§ **DIRECTIONS**: Please reproduce the entries exactly as they appear below, but not the pictures.

**** INPUT DATA ****

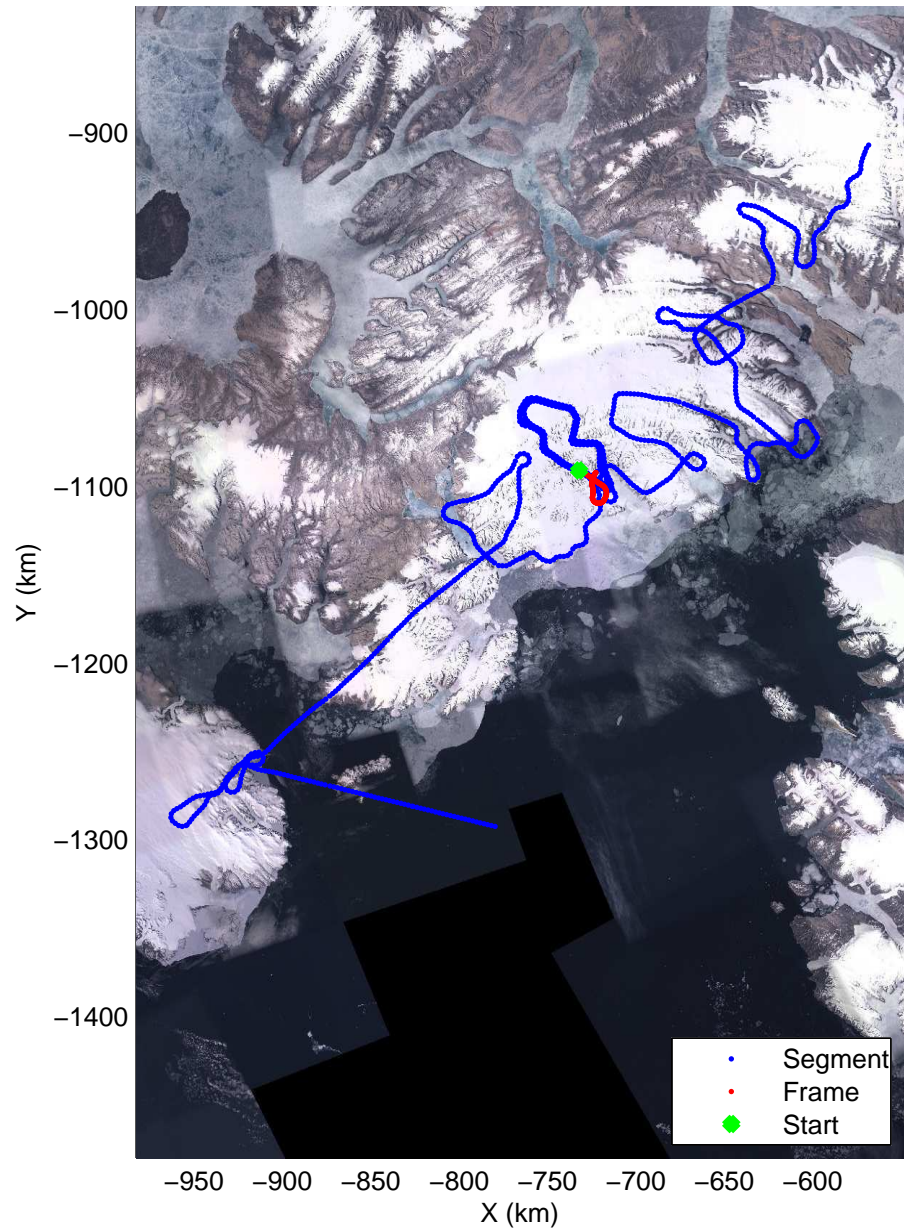

Polar Stereograph 70N/-45E
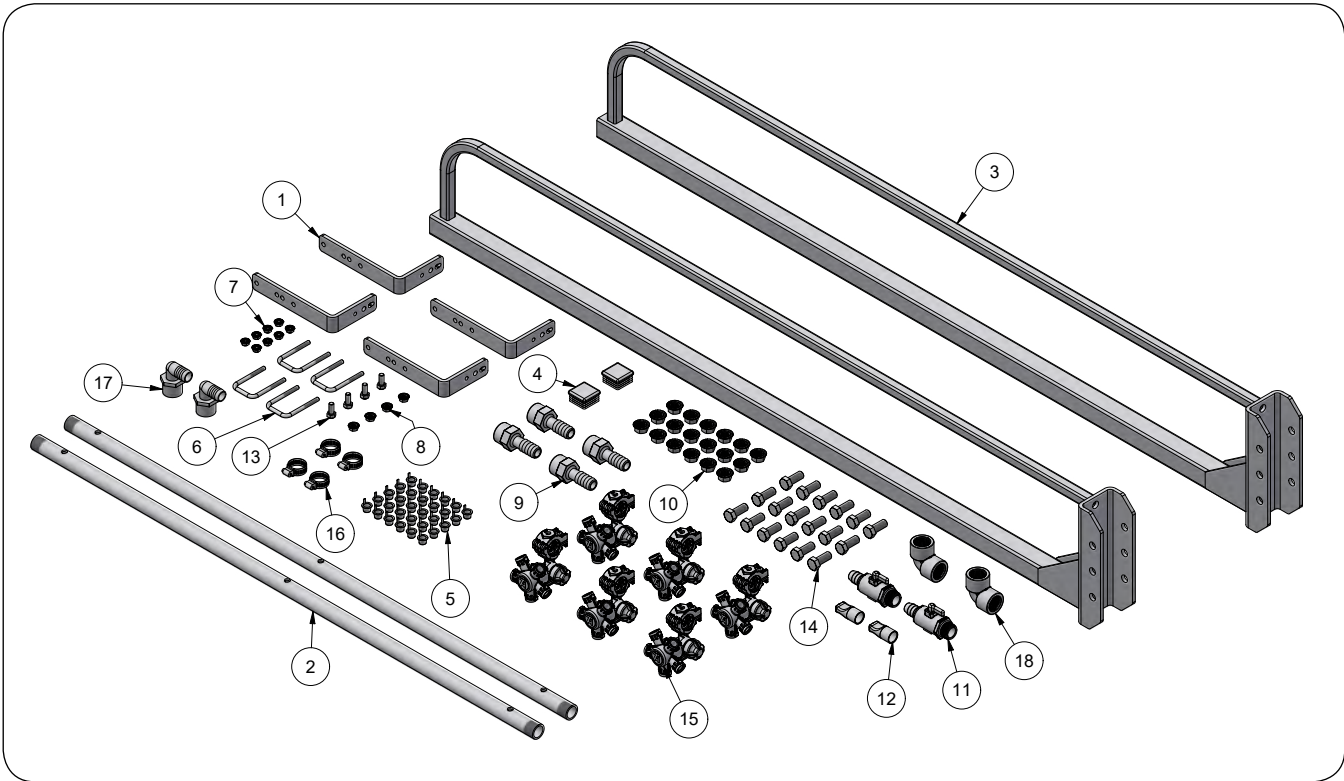

Notes

Please visit www.unverferth.com/parts/ for the most current parts listing.

80' To 90' Conversion Kits

Please visit www.unverferth.com/parts/ for the most current parts listing.

Front-Fold Booms 80' / 90' / 100' — Parts

80' To 90' Conversion Kits

Please visit www.unverferth.com/parts/ for the most current parts listing.

ITEM	PART NO.	DESCRIPTION	QTY.	NOTES
	407801	90' Conversion Kit (15" Spacing)	1	15" Spacing Kit
	407800	90' Conversion Kit (20" Spacing)	1	20" Spacing Kit
1	407476B	Nozzle Bracket Plate, 1 3/16" x 10 5/8" =Black=	4	
2	407496	Spray Pipe, 3/4 SCH40 x 50"	2	15" Spacing Kit
	407477	Spray Pipe, 3/4 SCH40 x 45"	2	20" Spacing Kit
3	407639B	Extension Weldment =Black=	2	
4	9003939	Tapered Plastic Plug, 1/2" Dia. (RED LDPE) w/Lift Tab	40	15" Spacing Kit
			30	20" Spacing Kit
5	9004570	Plastic Plug, 1 1/2" x 2"	4	
6	9004714	U-Bolt, 1/4"-20UNC x 2 3/4", 1 13/16" C/C	4	Stainless Steel
7	9004720	Flange Nut, 1/4"-20UNC	8	Stainless Steel
8	9005639	Flange Nut, 5/16"-18UNC	4	Stainless Steel
9	9005650	Adapter, 3/4"14NPT Thread x 3/4" Hose Barb	4	
10	9005691	Flange Nut, 1/2"-13UNC	24	Stainless Steel
11	9007699	Valve, Poly, Micro, 3/4" MPT x 3/4" Hose Barb	2	
12	9007767	Cap, 3/4" Dia. (Black)	2	
13	900900-028	Capscrew, 5/16"-18UNC x 3/4"	4	Stainless Steel
14	900900-100	Capscrew, 1/2"-13UNC x 1 1/4"	24	Stainless Steel
15	9009993	Quint Nozzle Body w/ RH Check Valve, Teejet Model 370	8	15" Spacing Kit
			6	20" Spacing Kit
16	TA800910	Hose Clamp, 1/2" SAE (SZ-12)	4	Stainless Steel
17	TA809826	90° Elbow, 3/4-14 NPT Female Thread x 3/4" Hose Barb	2	
18	TA814762	Cap, 3/4 NPT Female (Black)	2	20" Spacing Kit ONLY
19	TA814791	90° Elbow, 3/4-14 NPT Female x 3/4-14 NPT Female	2	

Front-Fold Booms 80' / 90' / 100' — Parts

90' To 100' Conversion Kits

Please visit www.unverferth.com/parts/ for the most current parts listing.

Front-Fold Booms 80' / 90' / 100' — Parts

90' To 100' Conversion Kits
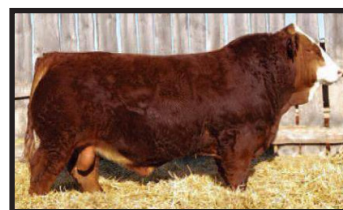

Golden Dawn Maggie

REGISTRATION # 4546933

Maggie and her twin sister will both be in the sale. Maggie's sire FGAF Magnum is also the sire of BEE Couture the mother of the $355,000 Rumble. But that isn't all. Maggie's mother is a daughter of Ms Moses 03X, who's full sisters have produced the top selling bulls for the Knutz in Saskatchewan for the last 5 or 6 years. This is how you get consistent quality. Superior cows on both sides of the pedigree!

CALVED: April 18, 2024
TATTOO: 037M
P.E. Cavill 5/6/25 Parade 6/6/25

CE	BW	WW	YW	MCE	MM	MWW
4.7	5.4	74.9	110.9	-0.9	38.2	75.5

ALLM COLOSSAL 25U
SIRE: FGAF MAGNUM 901Z
VIRGINIAS UPTOWNGAL

SOUTHSEVEN MR ADONIS 96Z
DAM: GOLDEN DAWN JEWEL
KUNTZ MISS MOSES 03X

Kuntz Climax 12C
Full brother to Golden Dawn Jewel to mother of Lot 47
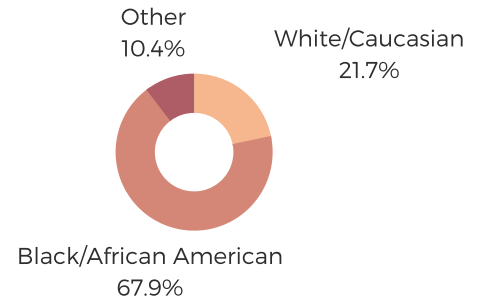

# DISTRICT SEVENTY SIX

RICHLAND COUNTY

south carolina  
**STATE LIBRARY**

## POPULATION & HOUSEHOLDS

POPULATION: 39,725    TOTAL HOUSEHOLDS: 15,872

**MALE: 45.8%**

**FEMALE: 54.2%**

## EMPLOYMENT & INCOME

POPULATION 16 YEARS AND OLDER: 31,156

EMPLOYED: 58.3%    UNEMPLOYMENT RATE: 9.0%
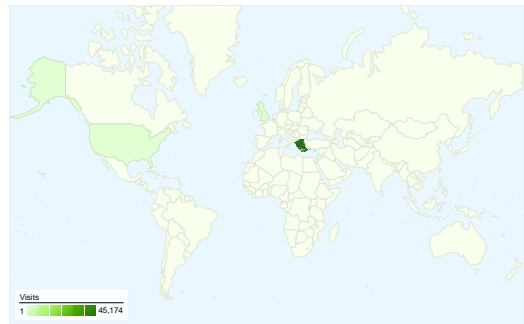

**Visitors**  
**26,453**

**Map Overlay world**

**Browsers and OS**

Browser and OS	Visits	% visits
Firefox / Windows	20,486	42.68%
Internet Explorer / Windows	14,837	30.91%
Safari / Macintosh	5,771	12.02%
Firefox / Macintosh	3,275	6.82%
Chrome / Windows	1,206	2.51%

## 47,999 visits came from 83 countries/territories

## All traffic sources sent 47,999 visits via 341 sources and mediums

## 47,999 visits used 44 browser and OS combinations
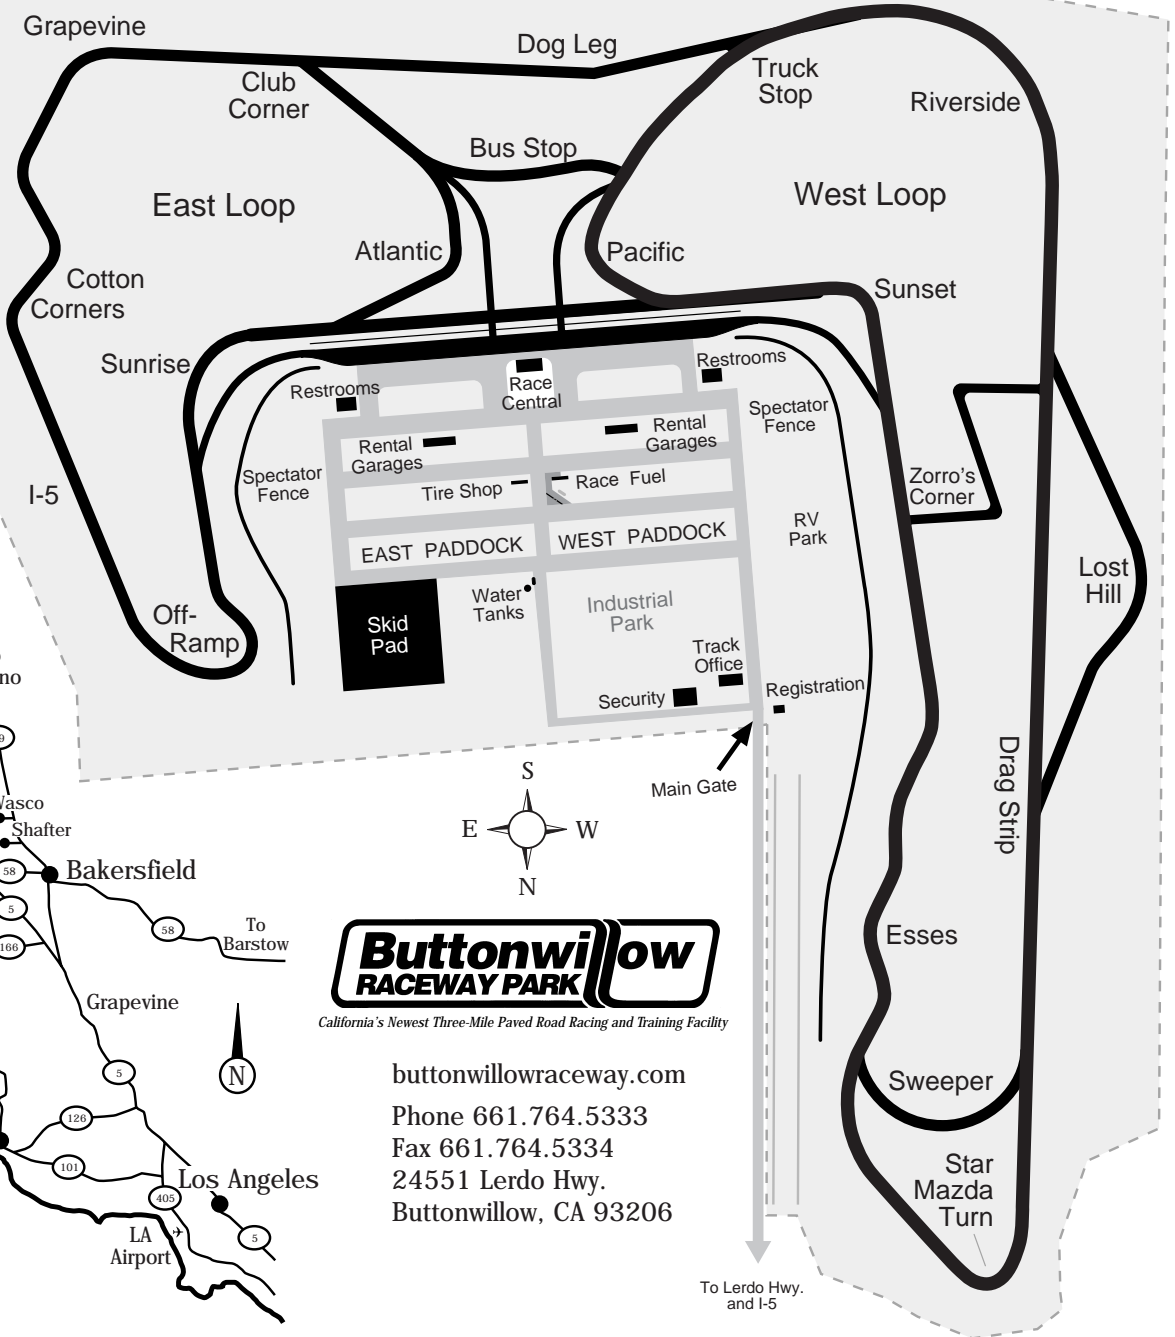

Learn Safe Driving & Car Control

Performance Driving Clinic

Open to all drivers
in street legal
automobiles and
trucks which pass
a simple safety
inspection.

Taught on Buttonwillow's Challenging Race Track, Not in a Classroom

Track Map

Take Lerdo Hwy. exit west, 10 miles north of Hwy 58.

California's Newest Three-Mile Paved Road Racing and Training Facility

buttonwillowraceway.com
 Phone 661.764.5333
 Fax 661.764.5334
 2451 Lerdo Hwy.
 Buttonwillow, CA 93206
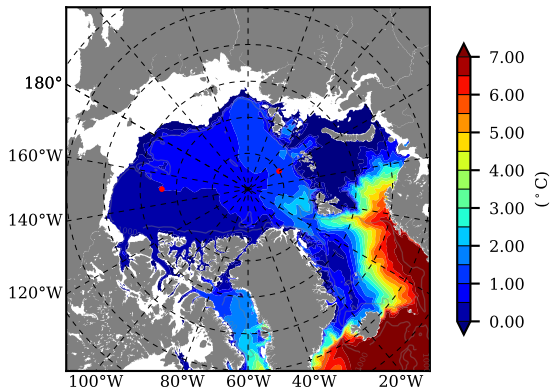

ERA01NEM405PSP AW Max Temp over 1979

AW Max Temp from PHC 3.0

ERA01NEM405PSP AW Max Temp depth

AW Max Temp depth from PHC 3.0

****

§ **OUTPUT OF THE EXERCISE**:
Polar Stereograph 70N/-45E

Notes

Please visit www.unverferth.com/parts/ for the most current parts listing.

80' To 90' Conversion Kits

Please visit www.unverferth.com/parts/ for the most current parts listing.

Front-Fold Booms 80' / 90' / 100' — Parts

80' To 90' Conversion Kits

Please visit www.unverferth.com/parts/ for the most current parts listing.

ITEM	PART NO.	DESCRIPTION	QTY.	NOTES
	407801	90' Conversion Kit (15" Spacing)	1	15" Spacing Kit
	407800	90' Conversion Kit (20" Spacing)	1	20" Spacing Kit
1	407476B	Nozzle Bracket Plate, 1 3/16" x 10 5/8" =Black=	4	
2	407496	Spray Pipe, 3/4 SCH40 x 50"	2	15" Spacing Kit
	407477	Spray Pipe, 3/4 SCH40 x 45"	2	20" Spacing Kit
3	407639B	Extension Weldment =Black=	2	
4	9003939	Tapered Plastic Plug, 1/2" Dia. (RED LDPE) w/Lift Tab	40	15" Spacing Kit
			30	20" Spacing Kit
5	9004570	Plastic Plug, 1 1/2" x 2"	4	
6	9004714	U-Bolt, 1/4"-20UNC x 2 3/4", 1 13/16" C/C	4	Stainless Steel
7	9004720	Flange Nut, 1/4"-20UNC	8	Stainless Steel
8	9005639	Flange Nut, 5/16"-18UNC	4	Stainless Steel
9	9005650	Adapter, 3/4"14NPT Thread x 3/4" Hose Barb	4	
10	9005691	Flange Nut, 1/2"-13UNC	24	Stainless Steel
11	9007699	Valve, Poly, Micro, 3/4" MPT x 3/4" Hose Barb	2	
12	9007767	Cap, 3/4" Dia. (Black)	2	
13	900900-028	Capscrew, 5/16"-18UNC x 3/4"	4	Stainless Steel
14	900900-100	Capscrew, 1/2"-13UNC x 1 1/4"	24	Stainless Steel
15	9009993	Quint Nozzle Body w/ RH Check Valve, Teejet Model 370	8	15" Spacing Kit
			6	20" Spacing Kit
16	TA800910	Hose Clamp, 1/2" SAE (SZ-12)	4	Stainless Steel
17	TA809826	90° Elbow, 3/4-14 NPT Female Thread x 3/4" Hose Barb	2	
18	TA814762	Cap, 3/4 NPT Female (Black)	2	20" Spacing Kit ONLY
19	TA814791	90° Elbow, 3/4-14 NPT Female x 3/4-14 NPT Female	2	

Front-Fold Booms 80' / 90' / 100' — Parts

90' To 100' Conversion Kits

Please visit www.unverferth.com/parts/ for the most current parts listing.

Front-Fold Booms 80' / 90' / 100' — Parts

90' To 100' Conversion Kits

Golden Dawn Maggie

REGISTRATION # 4546933

Maggie and her twin sister will both be in the sale. Maggie's sire FGAF Magnum is also the sire of BEE Couture the mother of the $355,000 Rumble. But that isn't all. Maggie's mother is a daughter of Ms Moses 03X, who's full sisters have produced the top selling bulls for the Knutz in Saskatchewan for the last 5 or 6 years. This is how you get consistent quality. Superior cows on both sides of the pedigree!

CALVED: April 18, 2024
TATTOO: 037M
P.E. Cavill 5/6/25 Parade 6/6/25

CE	BW	WW	YW	MCE	MM	MWW
4.7	5.4	74.9	110.9	-0.9	38.2	75.5

ALLM COLOSSAL 25U
SIRE: FGAF MAGNUM 901Z
VIRGINIAS UPTOWNGAL

SOUTHSEVEN MR ADONIS 96Z
DAM: GOLDEN DAWN JEWEL
KUNTZ MISS MOSES 03X

Kuntz Climax 12C
Full brother to Golden Dawn Jewel to mother of Lot 47

# DISTRICT SEVENTY SIX

RICHLAND COUNTY

south carolina  
**STATE LIBRARY**

## POPULATION & HOUSEHOLDS

POPULATION: 39,725    TOTAL HOUSEHOLDS: 15,872

**MALE: 45.8%**

**FEMALE: 54.2%**

## EMPLOYMENT & INCOME

POPULATION 16 YEARS AND OLDER: 31,156

EMPLOYED: 58.3%    UNEMPLOYMENT RATE: 9.0%

**Visitors**  
**26,453**

**Map Overlay world**

**Browsers and OS**

Browser and OS	Visits	% visits
Firefox / Windows	20,486	42.68%
Internet Explorer / Windows	14,837	30.91%
Safari / Macintosh	5,771	12.02%
Firefox / Macintosh	3,275	6.82%
Chrome / Windows	1,206	2.51%

## 47,999 visits came from 83 countries/territories

## All traffic sources sent 47,999 visits via 341 sources and mediums

## 47,999 visits used 44 browser and OS combinations

Learn Safe Driving & Car Control

Performance Driving Clinic

Open to all drivers
in street legal
automobiles and
trucks which pass
a simple safety
inspection.

Taught on Buttonwillow's Challenging Race Track, Not in a Classroom

Track Map

Take Lerdo Hwy. exit west, 10 miles north of Hwy 58.

California's Newest Three-Mile Paved Road Racing and Training Facility

buttonwillowraceway.com
 Phone 661.764.5333
 Fax 661.764.5334
 2451 Lerdo Hwy.
 Buttonwillow, CA 93206

ERA01NEM405PSP AW Max Temp over 1979

AW Max Temp from PHC 3.0

ERA01NEM405PSP AW Max Temp depth

AW Max Temp depth from PHC 3.0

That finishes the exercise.